**** MATERIAL FOR THIS TASK ****

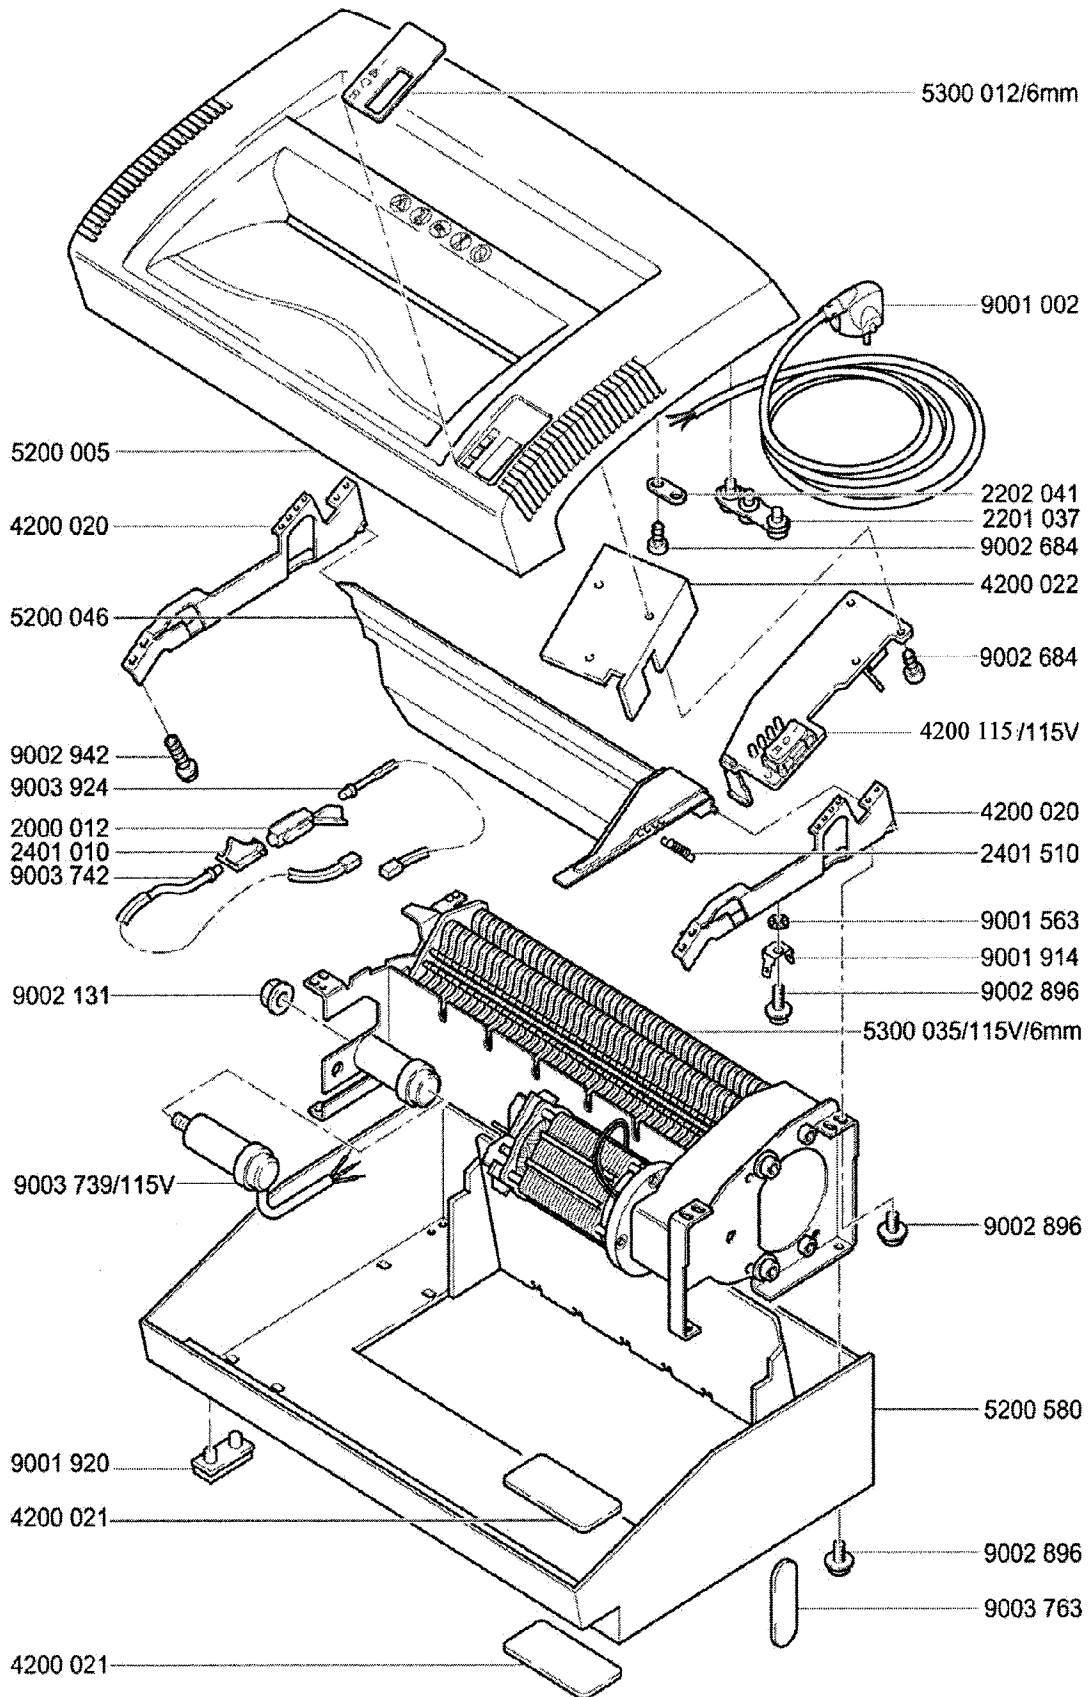

# 5020S/5230S PARTS LIST

GBC IS AN ACCO BRANDS COMPANY

**5230S**

9003 891	1752453	Motor With Fan		1
9003 763	1752730	Insulation Pads, Exterior	6	6
9003 742	1752127	Cable for Photo Cell	1	1
9003 739	1752454	Capacitor	1	
9002 896	1752704	Bottom Housing Screw	X	X
9002 513	1751282	Torx Head Screw (T-30)	1	1
9002 500	1751296	Wavy Washer	4	4
9002 045	1751297	Bearing	1	1
9001 920	1751255	Rubber Foot	4	4
9001 625	1751297	Bearings	4	4
9001 584	1751305	Key	2	2
9001 583	1751304	Key	2	2
9001 265	1752455	Capacitor		1
9001 002	1751206	Power Cord	1	1
5300 100	1752456	Motor with Fan	1	
5300 035	1752457	Cutting Head Assy, 6mm	1	
5300 012	1752458	Icon Name Plate 5020S	1	
5200 580	1752735	Bottom Housing	1	1
5200 404	1752740	Cutter Set	1	
5200 073	1752738	Support Plate	1	1
5200 046	1752734	Bag Full Flap	1	1
5200 031	1752459	Cutting Head Assy, 4mm		1
5200 011	1752462	Icon Name Plate		1
5200 005	1752733	Upper Cover	1	1
4200 115	1752126	Control Board Assy		1
4200 022	1752708	Insulator	1	1
4200 021	1752703	Sensor Plate		
4200 020	1752707	Support Bracket	1	1
3802050	1752158	Cutting Head Complete		1
3802 404	1752159	Cutter Set		1
3802 070	1752739	Cutting Head Complete	1	
3802 040	1752716	Stripper Support Rod	4	4
3200 115	1752015	Control Board Assy	1	
3102 036	1752460	L.H Side Frame	1	1
2620 022	1752461	Stripper, Cutter	X	X
2601 107	1751272	Reinforcement Plate, Inner	1	1
2601 106	1751306	Reinforcement Plate, Outer	1	1
2601 103	1751288	R.H Side Plate	1	1
2601 100	1751269	Gear Box Housing	1	1
2601 099	1751275	Pin	1	1
2601 087	1751283	Gear Assembly with Buffer and Clutch	1	1
2601 062	1751284	Double Drive Gear	1	1
2601 059	1751274	Gear Set, Cutter	1	1
2601 042	1751226	Washer	1	1
2401 510	1752731	Bag Flap Spring	1	1
2401 010	1751960	Transmitter Cover and Lens	1	1
2205 513	1752713	Cutter Gear Washer	1	1
2201 037	1751207	Support Strap, Power Cord	1	1
2000 012	1751959	Receiver Cover and Lens	1	1
<b>Ref. No.</b>	<b>GBC No.</b>	<b>Description</b>	<b>5020S</b>	<b>5230S</b>
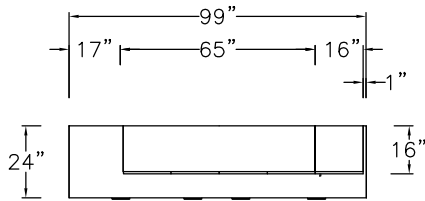

Model	Description	D	W	H	List Price	Weight-lbs
Wall Unit						
AC0-249923-thht-GBC	Credenza, b/lat, b/lat	24"	99"	23"	$7674	418
ASWH2-166416-0-TBF	Wall Hung, hinged doors, 2 bay	16"	64"	16"	$4007	137
ASHT12-161644-R	Hinged Door Anchor, 1 bay, 2 adj shelves, right	16"	16"	44"	$1830	71

$13511

626

****

EXERCISE BRIEF: Copy the listing character for character, pictures omitted.

RESULT FOR THIS EXERCISE:
# 5020S/5230S PARTS LIST

GBC IS AN ACCO BRANDS COMPANY

**5230S**

9003 891	1752453	Motor With Fan		1
9003 763	1752730	Insulation Pads, Exterior	6	6
9003 742	1752127	Cable for Photo Cell	1	1
9003 739	1752454	Capacitor	1	
9002 896	1752704	Bottom Housing Screw	X	X
9002 513	1751282	Torx Head Screw (T-30)	1	1
9002 500	1751296	Wavy Washer	4	4
9002 045	1751297	Bearing	1	1
9001 920	1751255	Rubber Foot	4	4
9001 625	1751297	Bearings	4	4
9001 584	1751305	Key	2	2
9001 583	1751304	Key	2	2
9001 265	1752455	Capacitor		1
9001 002	1751206	Power Cord	1	1
5300 100	1752456	Motor with Fan	1	
5300 035	1752457	Cutting Head Assy, 6mm	1	
5300 012	1752458	Icon Name Plate 5020S	1	
5200 580	1752735	Bottom Housing	1	1
5200 404	1752740	Cutter Set	1	
5200 073	1752738	Support Plate	1	1
5200 046	1752734	Bag Full Flap	1	1
5200 031	1752459	Cutting Head Assy, 4mm		1
5200 011	1752462	Icon Name Plate		1
5200 005	1752733	Upper Cover	1	1
4200 115	1752126	Control Board Assy		1
4200 022	1752708	Insulator	1	1
4200 021	1752703	Sensor Plate		
4200 020	1752707	Support Bracket	1	1
3802050	1752158	Cutting Head Complete		1
3802 404	1752159	Cutter Set		1
3802 070	1752739	Cutting Head Complete	1	
3802 040	1752716	Stripper Support Rod	4	4
3200 115	1752015	Control Board Assy	1	
3102 036	1752460	L.H Side Frame	1	1
2620 022	1752461	Stripper, Cutter	X	X
2601 107	1751272	Reinforcement Plate, Inner	1	1
2601 106	1751306	Reinforcement Plate, Outer	1	1
2601 103	1751288	R.H Side Plate	1	1
2601 100	1751269	Gear Box Housing	1	1
2601 099	1751275	Pin	1	1
2601 087	1751283	Gear Assembly with Buffer and Clutch	1	1
2601 062	1751284	Double Drive Gear	1	1
2601 059	1751274	Gear Set, Cutter	1	1
2601 042	1751226	Washer	1	1
2401 510	1752731	Bag Flap Spring	1	1
2401 010	1751960	Transmitter Cover and Lens	1	1
2205 513	1752713	Cutter Gear Washer	1	1
2201 037	1751207	Support Strap, Power Cord	1	1
2000 012	1751959	Receiver Cover and Lens	1	1
<b>Ref. No.</b>	<b>GBC No.</b>	<b>Description</b>	<b>5020S</b>	<b>5230S</b>

Model	Description	D	W	H	List Price	Weight-lbs
Wall Unit						
AC0-249923-thht-GBC	Credenza, b/lat, b/lat	24"	99"	23"	$7674	418
ASWH2-166416-0-TBF	Wall Hung, hinged doors, 2 bay	16"	64"	16"	$4007	137
ASHT12-161644-R	Hinged Door Anchor, 1 bay, 2 adj shelves, right	16"	16"	44"	$1830	71

$13511

626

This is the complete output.